今天臨出門前,藍曉甄索性把自己關在房裡,說他們若去台北出差,她就再也不跟他們說話了。
房裡的藍曉甄瑟縮在牆角,一句話也不敢說,因為上回說了之後,她被訓斥了一頓,所以她只能用這樣的方法來阻止父母出門。
「寶貝,要不然爸爸媽媽這回幫妳帶一個大禮物回來好嗎?」
「我不要!我只要爸爸媽媽。」
「妳上回不是說要買一個王子娃娃嗎?爸爸這次回來,幫妳買一個好不好?」
藍曉甄看著擺放在枕頭旁的那個公主娃娃,她一直將那個娃娃當成是自己,還叫那個娃娃「甄甄」,她曾經跟爸媽說,甄甄好孤單,想要人陪伴,爸媽自行解讀成公主娃娃想要男朋友,一個王子娃娃。
「甄甄才不是想要男朋友,她只是一個人很寂寞。」
藍爸爸嘆了一口氣,不知該怎麼安撫女兒。
藍媽媽開口了,「甄甄怎麼會不想要男朋友呢?每個女孩子都要有一個男朋友,從此過著幸福快樂的生活啊,白雪公主、灰姑娘,她們都有喔!這回爸爸媽媽去台北,幫妳帶一個甄甄的男朋友回來,妳開心一點,出來送爸爸媽媽出門好不好?」
「不要!不要!不要!」
藍氏夫妻很是無奈,時間不能擔誤,為了女兒這一鬧,他們看來得去機場候位,搭機北上了。
「寶貝,爸爸媽媽真的要出門了,妳乖乖的,回來給妳帶禮物喔!」
房裡的藍曉甄聽見父母還是決意出門,立刻開了房門衝出來要阻止,沒想到卻被褓母一把抓住,藍曉甄掙扎抗拒著想跑到父母的身邊,卻見父親拉了一只裝著他們夫妻倆衣物的行李箱,帶著母親,雖然臉上滿是擔憂的神情,但還是離開家門了。
而那就是藍曉甄最後一次見到她父母。
藍氏夫妻直奔機場候位,但機位卻只剩下兩個,一個帶著約莫九歲男孩的少婦看著他們著急的模樣,便把位子讓給了他們。

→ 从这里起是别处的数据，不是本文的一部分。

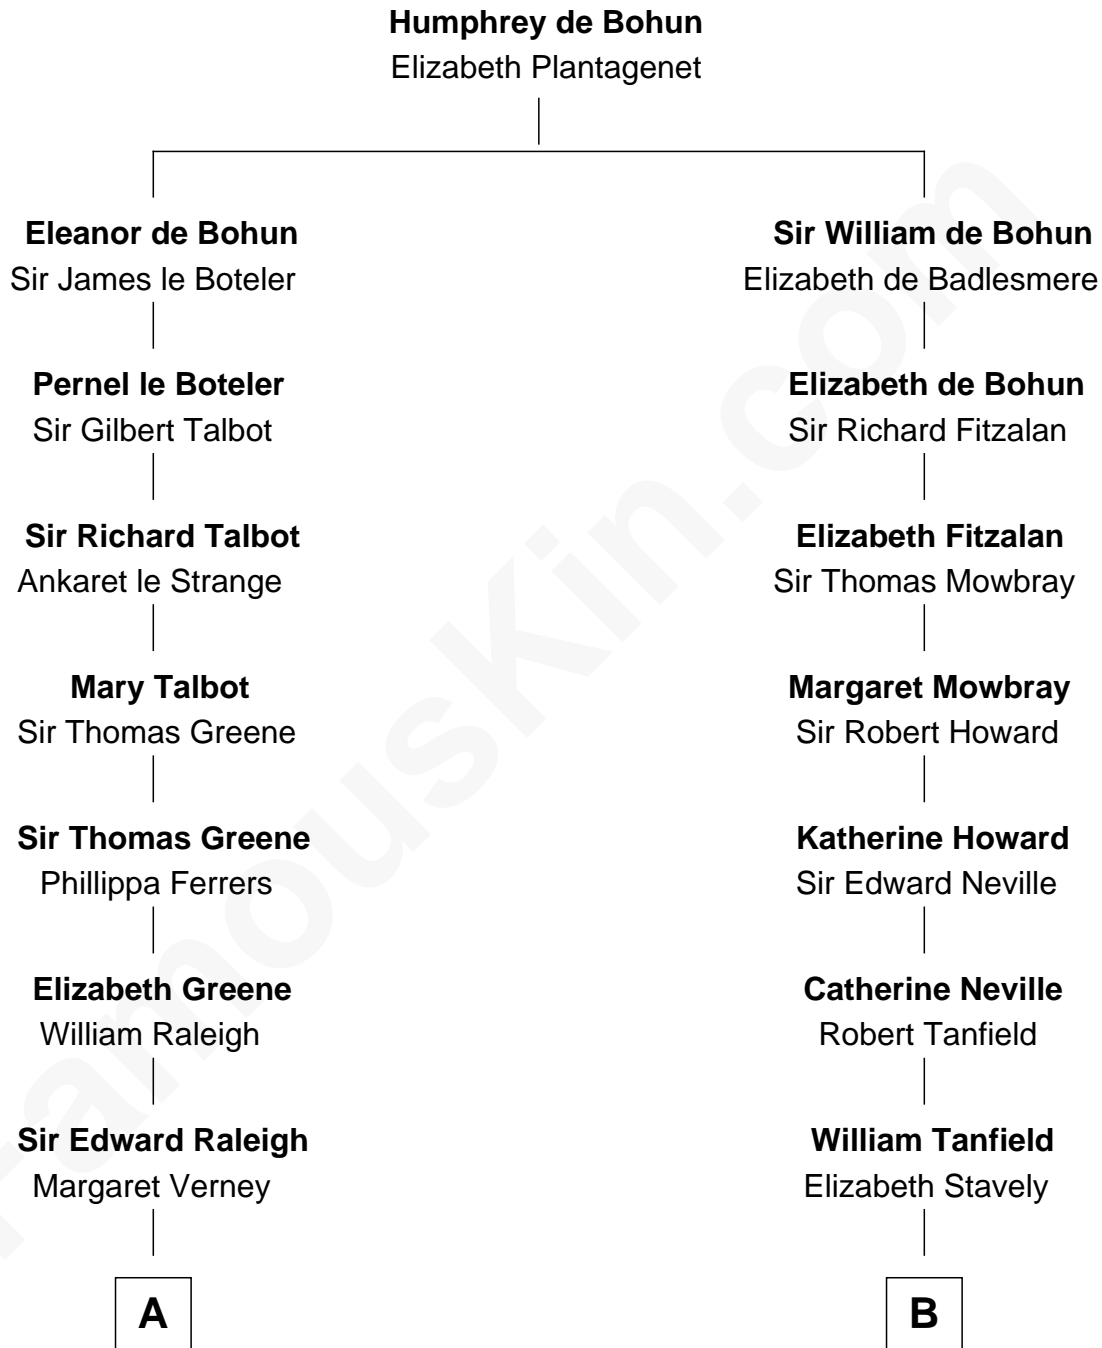

**FamousKin.com**  
**Relationship Chart of**  
**Shanghai Pierce**  
*Texas Cattleman*

19th cousin 1 time removed of  
**Upton Sinclair**  
*Pulitzer Prize Winning Novelist*

**C**

**Susanna Stoddard**

Isaac Pearce

**Jonathan D. Pearce**

Hanna Phillips Head

**Shanghai Pierce**

*Texas Cattleman*

**D**

**Sarah Skipwith Kennon**

Arthur Sinclair

**Arthur Sinclair**
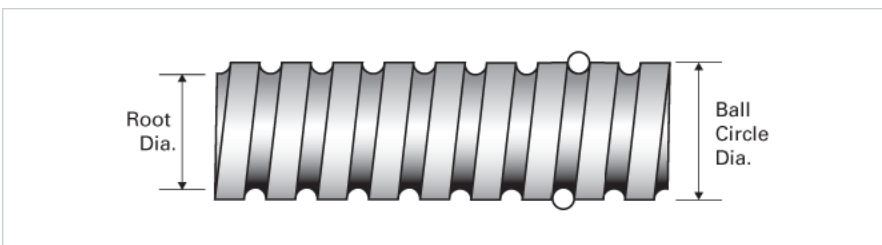

PowerTrac SRT 0375 - 0125 LH

Call 800-321-7800 or visit us online at www.nookindustries.com to configure and order your PowerTrac SRT 0375 - 0125 LH today!

Product Info

Screw Code	0375-0125 SRT LA
Precision	SRT
Screw Material	4150
Thread Direction	LH

Details

Ball Circle Diameter [in]	0.375
Lead [in]	0.125
Root Diameter [in]	0.300
End Code for Types 1,2,3,5 [* Journals may show tracings of the thread]	7
End Code for Type 4 [* Journals may show tracings of the thread]	4

Performance Specifications

Lead Accuracy +/- [in./ft.]	0.0040
-----------------------------	--------

Part Numbers

2 ft. Part Number	SRT8528
4 ft. Part Number	SRT8532
6 ft. Part Number	
8 ft. Part Number	
12 ft. Part Number	
16 ft. Part Number	
20 ft. Part Number

買到機位的兩人感激不已,看著少婦帶著的小男孩,面貌斯文俊秀,穿著訂製的合身西裝,好奇的問:「你們穿這麼正式,是要去哪裡嗎?」
「剛參加完喜宴要回台北,所以我們不急,你們比較急。」
「謝謝妳。」藍氏夫妻再次由衷的感謝,「也謝謝你喔!小帥哥。」
小男孩只是露出有禮但絕對不符合他年紀的笑容,微微頷首,「阿姨、叔叔,別客氣。」
藍氏夫妻看著小男孩有禮貌的樣子,笑了,「這小帥哥還真像黑髮的王子娃娃呢!有這樣的男孩子陪曉甄,她就不會再說很孤單了吧!」
「曉甄?」男孩緩緩的吐出了這個名字,卻不曉得為什麼這個名字能吸引自己的注意。
「好啦!都出門了還惦記著女兒要的王子娃娃,快準備登機了。」
最後,藍氏夫妻辦了手續登了機,而那少婦及小男孩沒想到的是,那架飛機會在即將降落前失速墜毀在機場附近,機上八十餘名乘客及機組人員,無一倖免……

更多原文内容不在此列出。